Exercise - Reproduce every line in the listing that contains the word "Tráva".

Segment Start: Task input

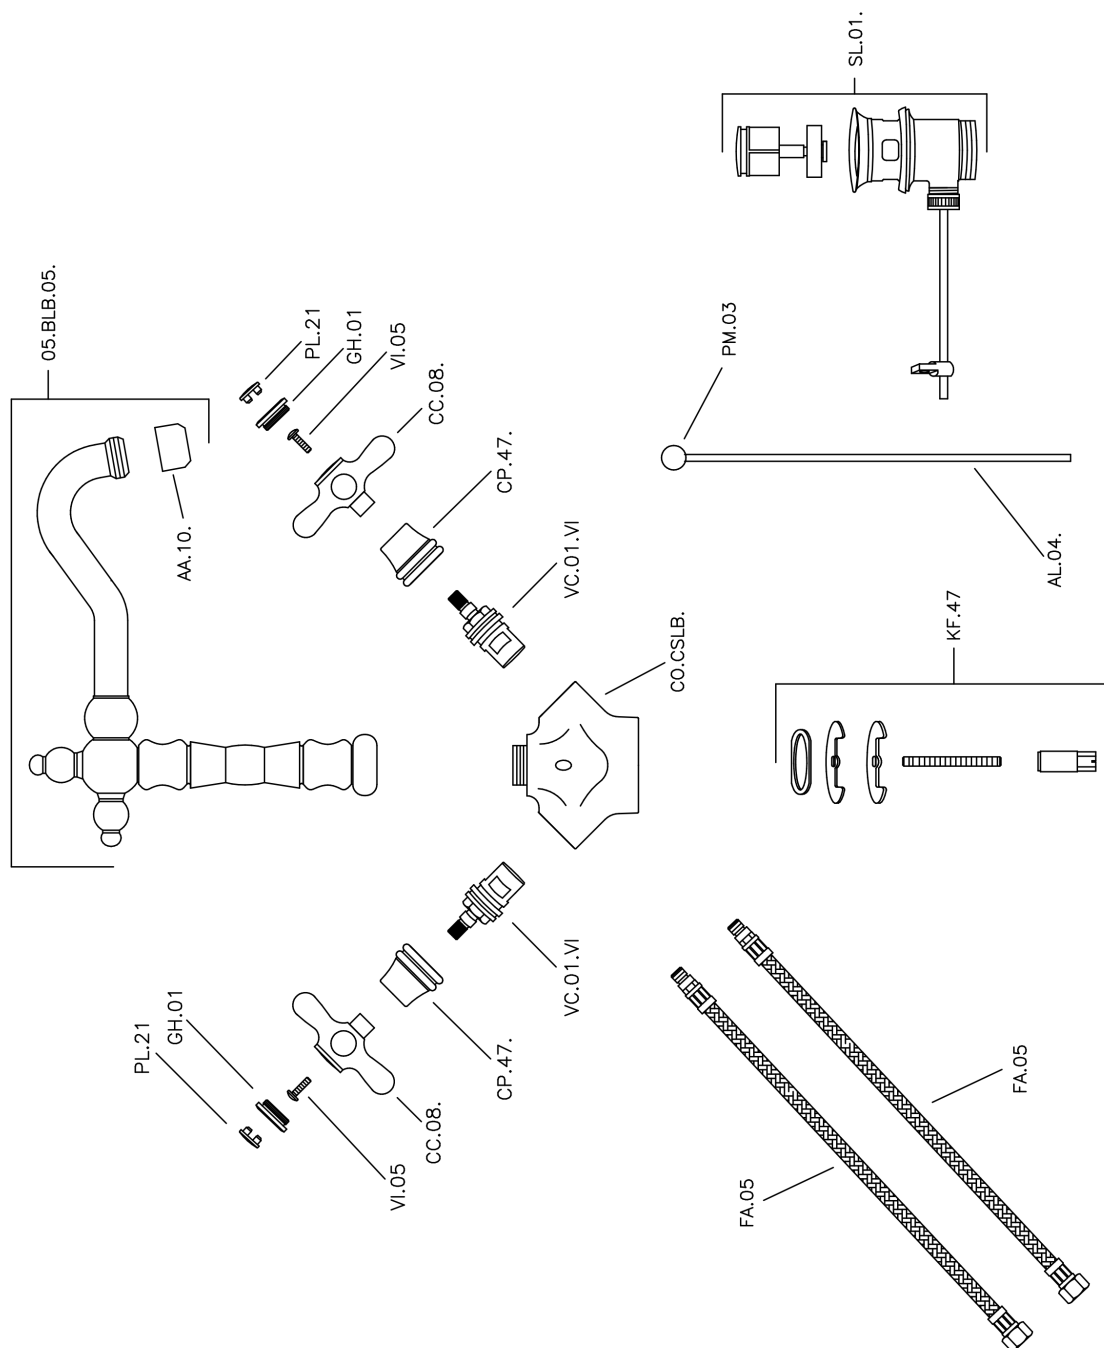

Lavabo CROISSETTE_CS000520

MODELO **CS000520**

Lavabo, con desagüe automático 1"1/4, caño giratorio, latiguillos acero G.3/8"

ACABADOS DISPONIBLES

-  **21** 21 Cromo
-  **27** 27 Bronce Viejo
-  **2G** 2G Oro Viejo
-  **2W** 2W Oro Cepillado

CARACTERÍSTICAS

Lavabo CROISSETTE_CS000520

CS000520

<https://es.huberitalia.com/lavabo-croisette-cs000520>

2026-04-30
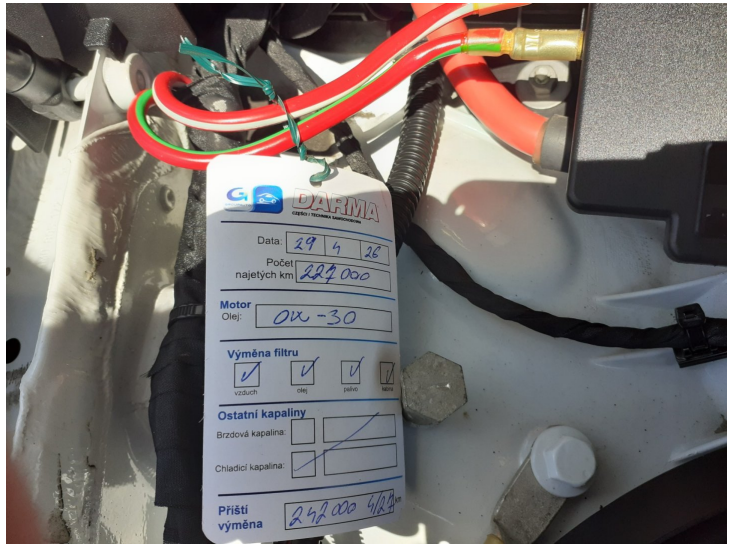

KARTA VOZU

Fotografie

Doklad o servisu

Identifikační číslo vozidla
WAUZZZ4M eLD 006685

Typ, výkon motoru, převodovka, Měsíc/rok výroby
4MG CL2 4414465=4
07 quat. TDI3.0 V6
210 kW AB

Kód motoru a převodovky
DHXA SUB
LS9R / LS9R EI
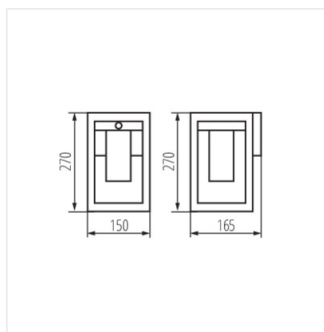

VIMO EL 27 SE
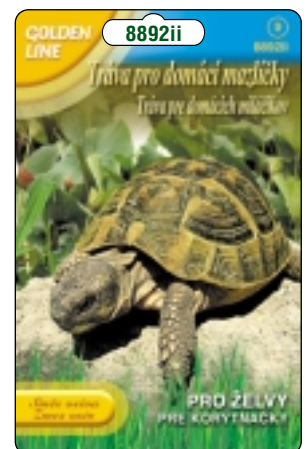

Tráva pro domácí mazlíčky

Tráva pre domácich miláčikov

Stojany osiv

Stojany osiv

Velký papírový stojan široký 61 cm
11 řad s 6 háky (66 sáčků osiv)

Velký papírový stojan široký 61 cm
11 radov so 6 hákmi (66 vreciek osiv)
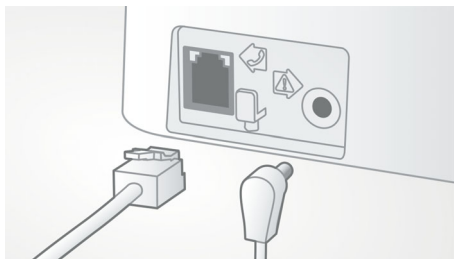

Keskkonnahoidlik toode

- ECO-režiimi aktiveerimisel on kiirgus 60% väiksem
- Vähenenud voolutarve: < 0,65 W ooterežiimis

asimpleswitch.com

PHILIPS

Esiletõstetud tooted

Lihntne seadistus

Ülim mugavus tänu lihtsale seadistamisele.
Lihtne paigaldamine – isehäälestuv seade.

Segment End: Task input
Segment Start: Task input

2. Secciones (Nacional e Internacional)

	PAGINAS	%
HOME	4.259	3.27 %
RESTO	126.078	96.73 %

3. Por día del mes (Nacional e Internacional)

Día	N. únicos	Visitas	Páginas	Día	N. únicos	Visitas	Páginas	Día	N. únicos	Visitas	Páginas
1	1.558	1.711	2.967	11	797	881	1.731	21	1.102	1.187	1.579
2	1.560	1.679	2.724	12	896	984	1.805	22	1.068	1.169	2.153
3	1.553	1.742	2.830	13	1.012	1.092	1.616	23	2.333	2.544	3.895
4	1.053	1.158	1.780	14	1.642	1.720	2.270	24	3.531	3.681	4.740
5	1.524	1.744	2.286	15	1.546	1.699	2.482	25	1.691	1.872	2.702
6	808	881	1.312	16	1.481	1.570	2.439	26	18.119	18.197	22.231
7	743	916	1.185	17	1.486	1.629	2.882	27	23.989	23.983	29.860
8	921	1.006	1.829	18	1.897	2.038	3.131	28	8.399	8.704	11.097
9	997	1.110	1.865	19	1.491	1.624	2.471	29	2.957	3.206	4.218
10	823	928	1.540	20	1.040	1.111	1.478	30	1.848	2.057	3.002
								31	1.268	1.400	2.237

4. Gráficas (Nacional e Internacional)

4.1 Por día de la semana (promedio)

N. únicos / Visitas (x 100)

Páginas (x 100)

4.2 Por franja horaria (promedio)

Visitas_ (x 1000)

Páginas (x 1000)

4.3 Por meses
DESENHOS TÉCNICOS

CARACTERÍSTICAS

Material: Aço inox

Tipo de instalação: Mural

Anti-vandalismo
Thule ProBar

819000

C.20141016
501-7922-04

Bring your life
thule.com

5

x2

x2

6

Segment End: Task input

Completed task -
Tráva pro domácí mazlíčky
Tráva pre domácich miláčikov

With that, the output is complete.